§ Action item
The records below are to be written out exactly, with every picture omitted.

§ Stored data
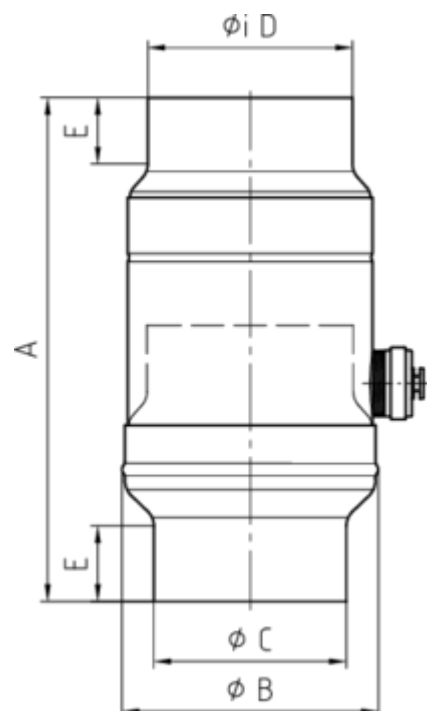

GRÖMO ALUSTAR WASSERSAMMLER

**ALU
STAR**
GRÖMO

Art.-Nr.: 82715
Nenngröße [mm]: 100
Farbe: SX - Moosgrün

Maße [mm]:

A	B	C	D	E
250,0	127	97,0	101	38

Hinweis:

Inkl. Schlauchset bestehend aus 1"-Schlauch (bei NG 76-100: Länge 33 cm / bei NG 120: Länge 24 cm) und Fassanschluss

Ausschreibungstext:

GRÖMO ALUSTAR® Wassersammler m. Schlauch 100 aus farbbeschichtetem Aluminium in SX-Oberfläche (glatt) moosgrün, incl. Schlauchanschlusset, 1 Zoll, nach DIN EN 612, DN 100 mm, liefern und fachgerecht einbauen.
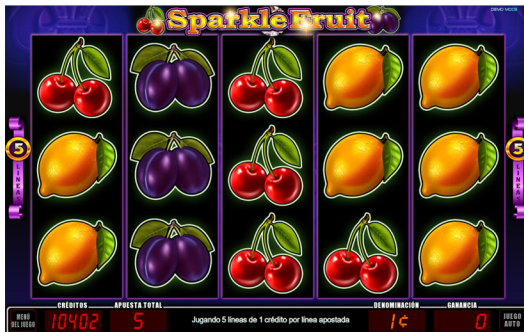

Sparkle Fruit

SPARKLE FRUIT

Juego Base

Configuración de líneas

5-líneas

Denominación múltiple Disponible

§ Output below
GRÖMO ALUSTAR WASSERSAMMLER

**ALU
STAR**
GRÖMO

Art.-Nr.: 82715
Nenngröße [mm]: 100
Farbe: SX - Moosgrün

Maße [mm]:

A	B	C	D	E
250,0	127	97,0	101	38

Hinweis:

Inkl. Schlauchset bestehend aus 1"-Schlauch (bei NG 76-100: Länge 33 cm / bei NG 120: Länge 24 cm) und Fassanschluss

Ausschreibungstext:

GRÖMO ALUSTAR® Wassersammler m. Schlauch 100 aus farbbeschichtetem Aluminium in SX-Oberfläche (glatt) moosgrün, incl. Schlauchanschlusset, 1 Zoll, nach DIN EN 612, DN 100 mm, liefern und fachgerecht einbauen.

Sparkle Fruit

SPARKLE FRUIT

Juego Base

Configuración de líneas

5-líneas

Denominación múltiple Disponible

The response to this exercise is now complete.